В семейном архиве Олега Базунова сохранилась пачка читательских писем, самых разных. Один читатель писал: «В Вашей прозе есть много такого, что приходилось испытывать многим, и есть недосказанность, которая за-ставляет людей думать, что, по-моему, очень важно». Другой был бесконечно благодарен автору: «Читал на едином дыхании, будто писалось с моей души. Спасибо большое. Вы пишете… раскованно по фантазии, правдиво по жизни. За человечность еще раз спасибо». Читатели суммировали: в книгах Базунова среди каменных стен, железных крыш, булыжных мостовых отыскивается живая душа природы, неистребимой, как сама жизнь; его проза обладает устойчиво выношенным моральным тонусом, она заставляет «самого себя вспоминать»; и человек, войдя в это состояние сопереживания, узнавания, радостного и горестного одновременно, получает противоядие от одиночества и отчаяния; в этой прозе есть свет и мужество, читая ее, чувствуешь надежду и опору.

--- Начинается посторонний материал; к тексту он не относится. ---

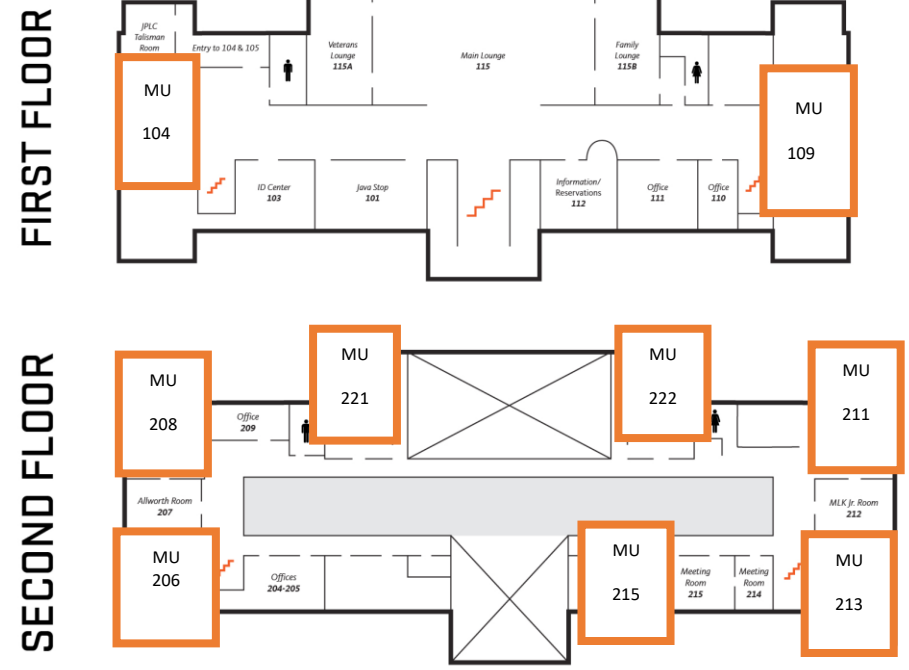

MU Ballroom Schedule - ground floor

3:45 to 4:20pm Student Check-in
 4:30 to 4:45pm 60 Second Employer Intros
 6:45 to 8:00pm Networking Reception with Food in Ballroom

Engineering Connections Fair
 October 11th
 Memorial Union

Company Info Sessions in MU Rooms
 Session 1 5:00-5:25 p.m.
 Session 2 5:35-6:00 p.m.
 Session 3 6:10-6:35 p.m.

Daimler Truck North America	Internships & Jobs	MU 13
Eaton	Internships & Jobs	MU Ballroom East
Garmin	Internships & Jobs	MU 211
Genentech	Internships & Jobs	MU 222
HP Inc.	Internships & Jobs	MU 109
Intel Corporation	Internships & Jobs	MU 49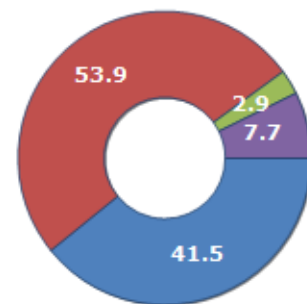

Resident families and related trend since (Year 2019), the average number of members of the family and its related trend since (Year 2019), civil status: bachelors/Bachelorette, married, divorced and widows / widowers in
Municipality of SALISANO

CIVIL STATUS (YEAR 2018)

Civil Status	(n.)	%
Bachelors	105	19.13
Bachelorette	110	20.04
Married Males	141	25.68
Married Females	138	25.14
Divorced Males	6	1.09
Divorced Females	9	1.64
Widowers	10	1.82
Widows	30	5.46
Total Residents	549	100.00

FAMILIES TREND

Year	Families (N.)	Variation % on previous year	Average components
2014	218	-	2.62
2015	209	-4.13	2.71
2016	202	-3.35	2.73
2017	190	-5.94	2.89
2018	192	+1.05	2.78
2019	186	-3.13	2.78

Average annual variation (2014/2019): **-3.13**

Average annual variation (2016/2019): **-2.71**

CIVIL STATUS (YEAR 2018)

TREND N ° FAMILY MEMBERS

Rankings Municipality of salisano

is on 102° place among 7903 municipalities for average number of components of the family

is on 3917° place among 7903 municipalities per % Bachelors/Bachelorette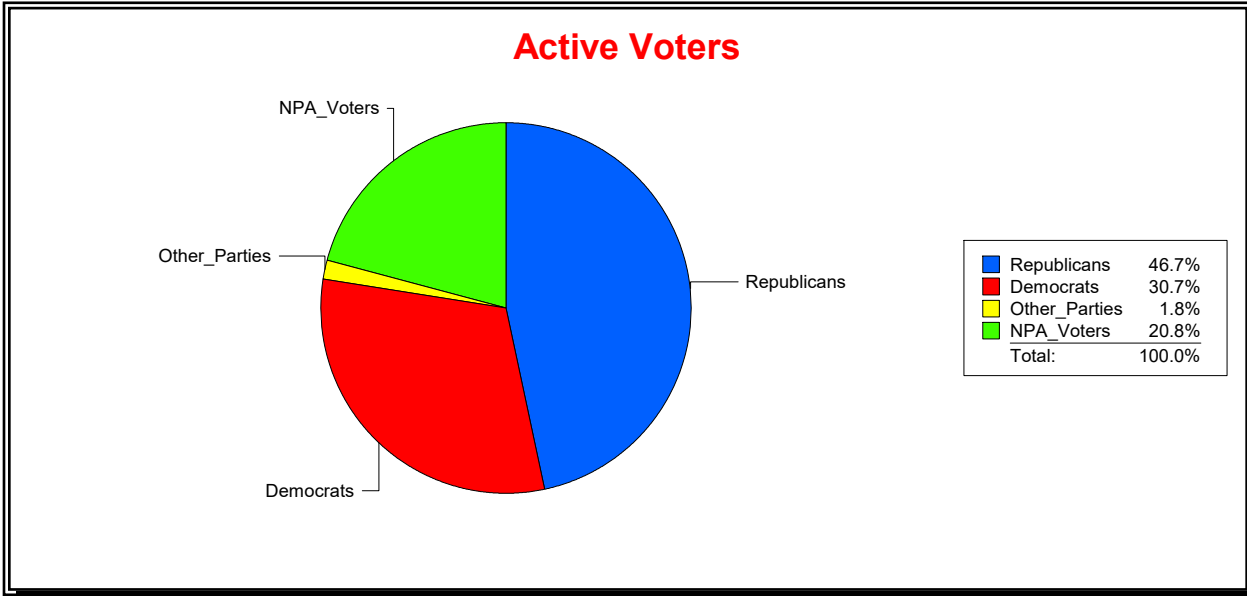

Vicky Oakes

Supervisor of Elections

St Johns County, FL

Date 1/4/2021

Time 11:39 AM

Graphs of District Registration

Active Registered Voters

Inactive Voters

District	Total	Dems	Reps	NonP	Other	Total	Dems	Reps	NonP	Other
County Commission - Dist 5	36,719	11,286	17,140	7,626	667	1,576	413	485	644	34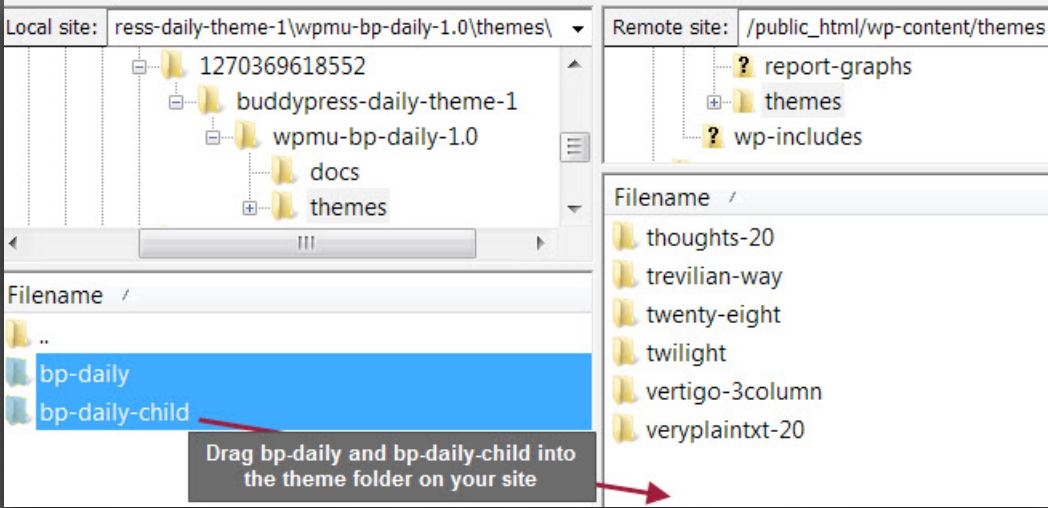

HELP: IT SAYS STYLESHEET NOT FOUND

HELP: I SEE A WHITE PAGE

HELP: I CAN'T CHANGE THEME OPTIONS

WHAT IS YOUR THEME INSTALL PATH? IS IT LIKE THIS?
IT WILL SAY THEMENAME AND THEMENAME-CHILD BP-DAILY USED AS EXAMPLE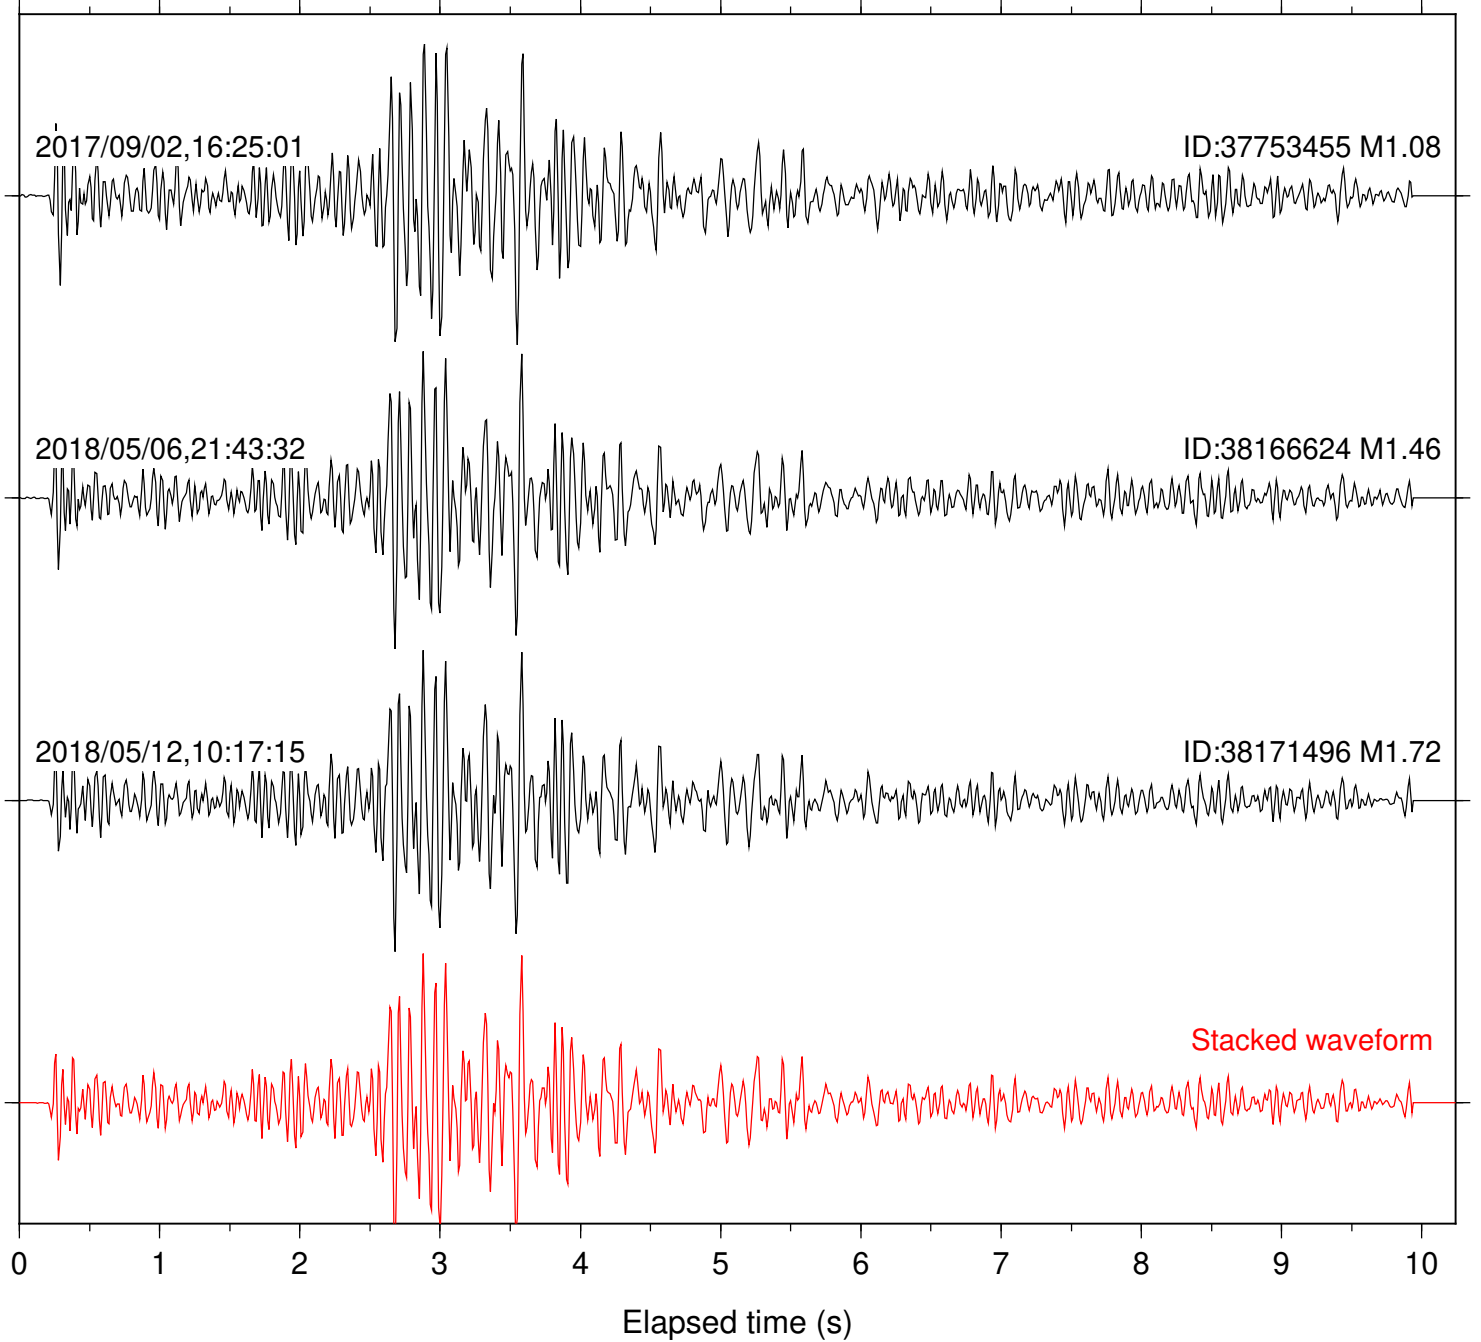

Station: B946 Com: EHZ

Focal depth: 6.70 km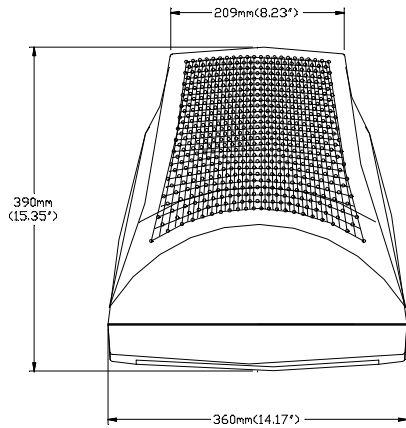

1525C AND 1526C SERIES DESKTOP TOUCHMONITOR

MAXIMUM FORWARD TILT: 5°

MAXIMUM AFT TILT: 12°

PART NUMBER TABULATION

PIP NUMBER	PIP DESCRIPTION
127350-000	ET1525C-8UWD-1
204088-000	ET1525C-8SWD-0
600190-000	ET1525C-8SWD-1
837156-000	ET1525C-7UWD-1
039766-000	ET1525C-7SWD-0
200616-000	ET1525C-7SWD-1
052404-000	ET1525C-7NND-0
305504-000	ET1525C-7NND-1
649558-000	ET1526C-7SWD-1
236270-000	ET1526C-7UWD-1
822636-000	ET1526C-8SWD-1
871510-000	ET1526C-8UWD-1

DIMENSIONS ARE IN MILLIMETERS/INCHES
DRAWING NOT TO SCALE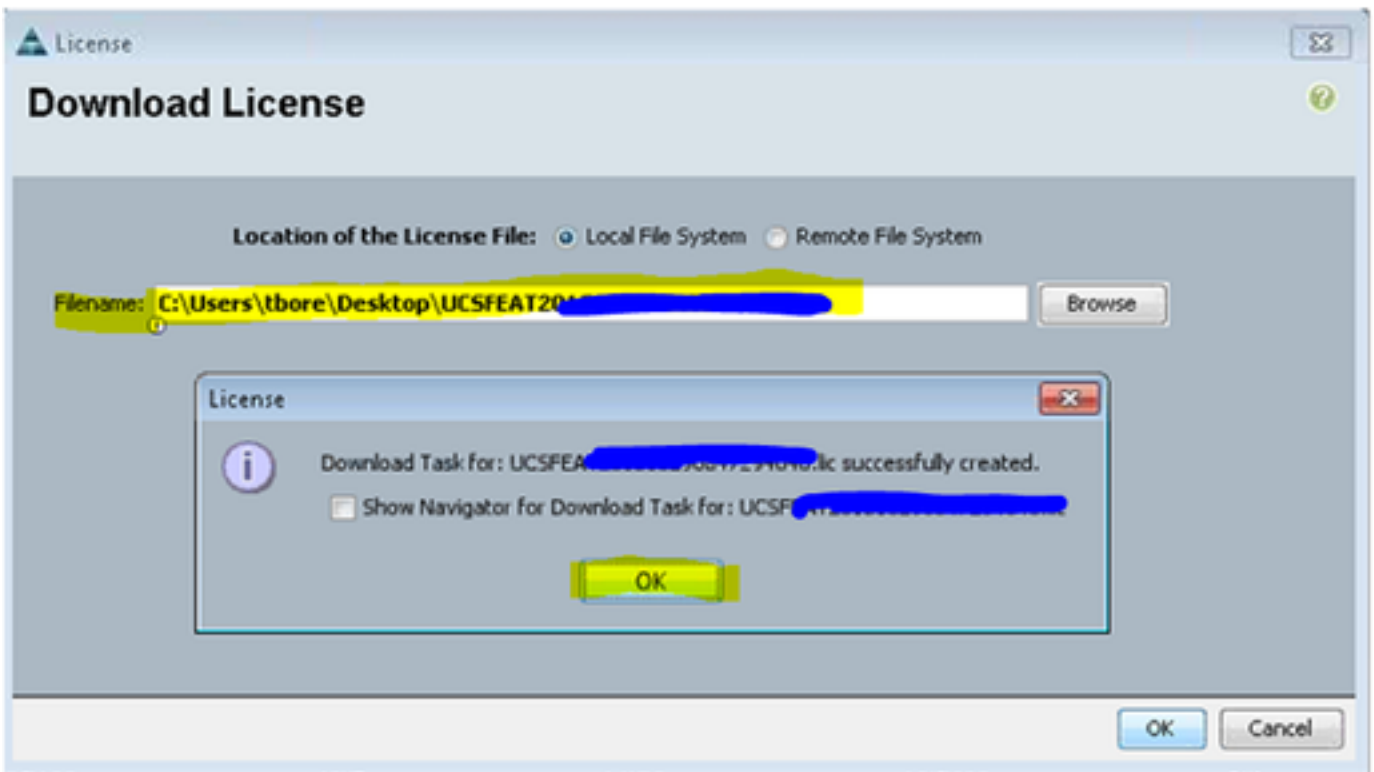

1 2 show 10 records

10..lic UCS-M GUIAdminFilter the License ManagementLicense Management

11. "Download License.lic"

- .LIC

12. "Downloaded License File" "Install License"

- "(Validated)" "(Installed)"

Читатели, задетые за живое, бывали очень откровенны. «Спасибо Вам за оригинальную поучительную книгу (└Тополь“. — И. К.). Она заставила меня пережить в известной мере потрясение, — писал из Новосибирска однофамилец Олега Евгений Петрович Базунов. — Дело в том, что жизнь моя — непрерывный марафон: увлечение одной научной проблемой сменяется другой, и живешь, по существу, не замечая того, что происходит вокруг, некогда остановиться, оглянуться и посмотреть в самого себя, и вдруг — Ваша книга, с совсем другим, чем у меня, мироощущением. Я к ней возвращаюсь вновь и вновь… Я жалею, что Ваша книга не была написана где-то 25 лет назад, и вот почему: после окончания университета я тяжело заболел и восемь месяцев пролежал в больнице без движения, потом учился ходить… выкарабкивался еще 4 года. Книга Ваша напомнила мне это время. Как она была нужна мне тогда, мне было бы легче, если бы она была тогда у меня! Думаю, что такое ведь не только у меня бывает…»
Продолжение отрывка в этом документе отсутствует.